Sunday 26 April 2009

Castlemaine by Pod

The problem with imagining the gold rush era in regional Victoria is one of the imagination: how do you revive the exciting chaos of those days within the peaceful, settled scenery of today?

It's also a challenge for those aiming to popularise history. Static displays of old household objects or photographs just don't cut it anymore (if they ever did). There's nothing more exciting than feeling a real emotional connection to days past, a visceral understanding of what it was like to be there, then. And this is, apparently, where 21st century technology steps in.

I'm in Castlemaine, in central Victoria, Australia, researching a mini guide for The Age. The town was founded in 1851 as a direct result of the gold boom. The gold eventually ran out but it left the place with a fine collection of Victorian-era buildings which mysteriously survived the godawful architectural trends of the post-WWII era.

But what of its evocative rough-and-tumble early history? That's where the tech comes in. The local tourism authorities have commissioned a series of podcast audio tours of the town and its surrounds, which can be downloaded from the Web or listened to via an MP3 player borrowed from the visitor information centre.

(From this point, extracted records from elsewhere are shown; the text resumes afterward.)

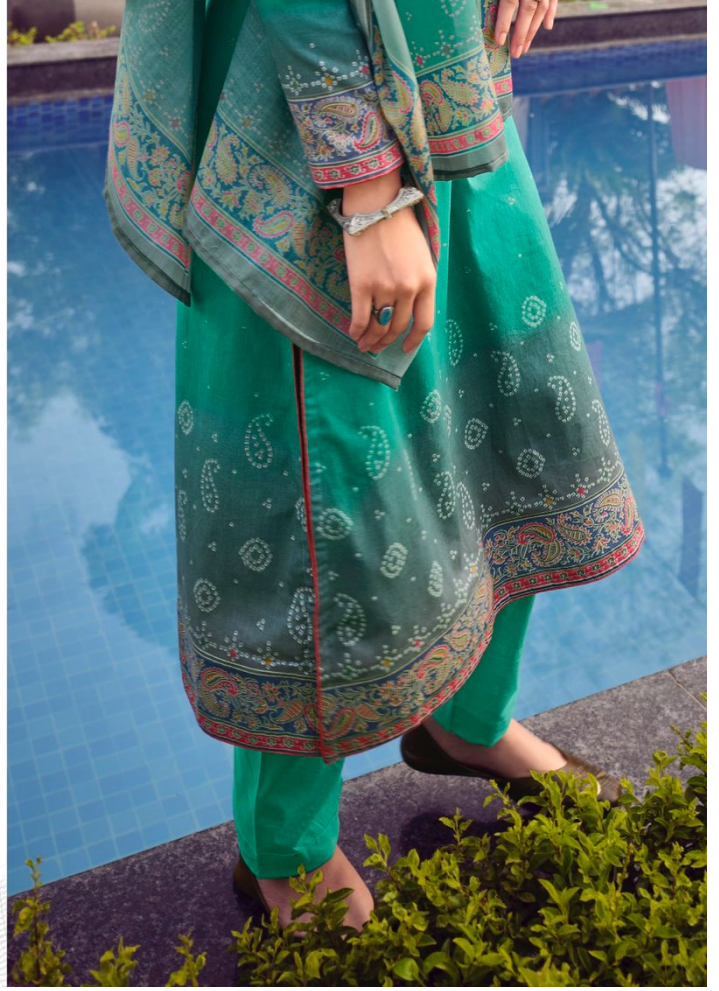

ممتاز آرٹس
MUMTAZ ARTS
Purveyors of Elegance

Ahar
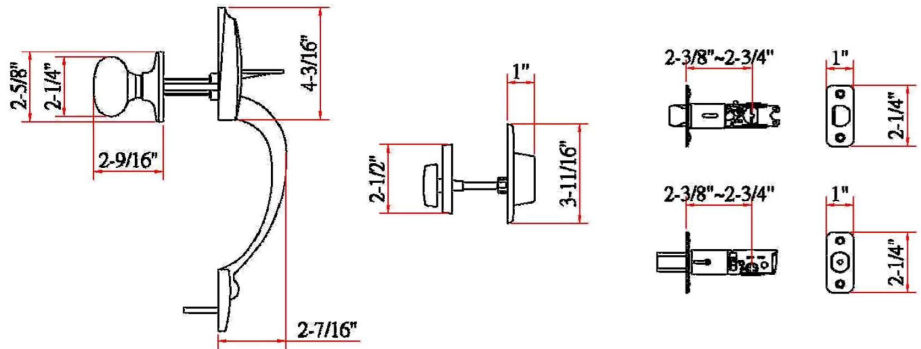

Coventry 2-Way Latch Entry Door Handle Set

Oil Rubbed Bronze

SPECIFICATIONS

MATERIAL CONSTRUCTION:	Brass	KEYWAY:	KW
LOCK FUNCTION:	Entry Handleset	REMOVABLE CORE:	No
DEADBOLT FUNCTION:	N/A	LATCH FACEPLATE I:	Round Corner
EXTERIOR MAX PROJECTION:	2.56"	LATCH BACKSET:	Adj; 2-3/8" - 2-3/4"
INTERIOR MAX PROJECTION:	2.56"	LATCH TYPE:	2 Way (fixed faceplate)
KOB VS. LEVER:	Knob	LATCHBOLT THROW DISTANCE:	0.5"
KNOB DIMENSIONS:	2.25" H x 2.25" W x 2.25" D	# PINS IN CYLINDER:	5
LEVER LENGTH:	N/A	ANTI-BUMP PIN INSTALLED:	Yes
ROSE DIMENSIONS:	2.63" H x 2.63" W x 2.63" D	# KEYS INCLUDED:	2
ROSETTE / ESCUTCHEON SHAPE:	Round	SPINDLE TYPE:	Half-Moon
CROSS BORE:	2.13"	MOUNTING HARDWARE INCLUDED:	Yes
EDGE BORE:	1"	TOOLS NEEDED FOR INSTALLATION:	Phillips Screwdriver
HANDING:	Reversible	ASSEMBLED WEIGHT:	4.01 lbs.
REKEYABLE?:	Yes		
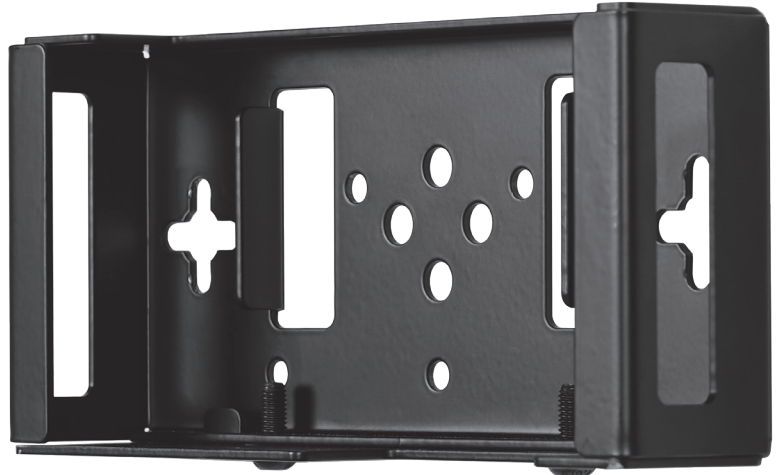

FEATURES
AN OPEN DESIGN
FOR GREATER
AIRFLOW

BT7886

MERSIVE SOLSTICE POD MOUNTING CRADLE

The BT7886 is a mounting cradle designed to securely mount a Mersive Solstice Pod onto a wall or desk, to a B-Tech accessory collar, or to the back of a display using any screen mount. The open design of the cradle helps to keep the Solstice Pod cool when in use and an integrated slot to add a Kensington lock (lock not included) helps prevent unauthorised removal of the device. B-Tech AV Mounts is an official Mounting Partner of Mersive Technologies.

SPECIFICATION

| | |
|-----------------------|-------------------------|
| Designed for use with | Mersive Solstice Pod |
| Dimensions | W:189mm H: 43mm D: 96mm |
| Colour | Black |

FEATURES

- Designed to securely hold a Mersive Solstice Pod
- Security screws to prevent easy removal of Pod
- Can be fixed directly to a wall, B-Tech collar or underneath a desk
- Supplied with an attachment plate for securing to flat screen mounting arms
- Compatible with Kensington Slot Locks

Can be fitted to poles using B-Tech Accessory Collars.

Can also be mounted directly to a wall.

Security screws to prevent easy removal of Pod device.

Compatible with Kensington Slot Locks.

PACKING INFORMATION

RELATED PRODUCTS

BT7841
Ø50mm 2-Piece Accessory Collar designed to attach a variety of different mounts and accessories onto B-Tech poles.

BT7850
Ø50mm Poles available in Black, Chrome and white, designed for ceiling, floor or floor-to-ceiling installations

On Thursday I was driven to three of the sites on the Gold Rush to Mount Alexander tour. This is what I experienced:
  • Pennyweight Flat Cemetery: Not far out of town, this small fenced-off area feels rather forlorn, surrounded by dry grass and dotted with gum trees. Throughout the cemetery in a seemingly random pattern are tiny circles of stones with faded headstones. They're small because this was a children's cemetery that was only in use for a few years at the height of the rush. Interestingly, there are Chinese markings on some of the headstones, a contradiction of the usually strict racial separation of those days. The commentary, by local resident Jan Wositzky, leads to a folk song commissioned especially for the tour. It's wistful, emotional, and beautifully pitched to summon an impression of the sorrow of those who lost a child here. (Listen to the pod tour segment)
  • Garfield Water Wheel: Further out from town, up a hill in the middle of native bushland, is a bizarre remnant of the gold rush years. It's a pair of towering brick walls in a trapezoid shape, looking like some strange ruin of the Roman Empire. What's even more surprising is to discover they once supported a gigantic wooden wheel more than twice their height, bearing hundreds of buckets that scooped water from the trench below. The pod tour, after explaining the wheel's role in the gold mining process, gives way to an old woman telling a true story of a young girl who once had her head caught in the wheel and survived, but was marked for life. It's an intriguing story, all the more powerful for being heard on the spot, the listener peering up at the stone walls and trying to imagine the scene. (Listen to the pod tour segment)
  • Monster Meeting: I've always liked the term the Eureka Stockade era protesters had for their mass demonstrations against the iniquitous mining licences of the 1850s. 'Monster meeting' summons up images of thousands of humans forming a single angry organism ready to devour the corrupt state. It turns out these meetings weren't confined to Ballarat - the monster meeting held on a slope above a creek outside Castlemaine attracted some 15,000 people, and is apparently still the largest gathering ever held here. The pod tour really gets into its stride here, with a stirring hell-raising speech against the government, complete with shouts from an angry crowd. Then the podcast takes the liberty of bringing Governor La Trobe, who it admits was never there, into the rally to fruitlessly address the miners. Without this fantastically effective element of the audio tour, I'd merely be looking at a dry, bare hillside with a monument. (Listen to the pod tour segment)
All history is, of course, composed of stories about people; it's tours like this which help you reach them through the barrier of time.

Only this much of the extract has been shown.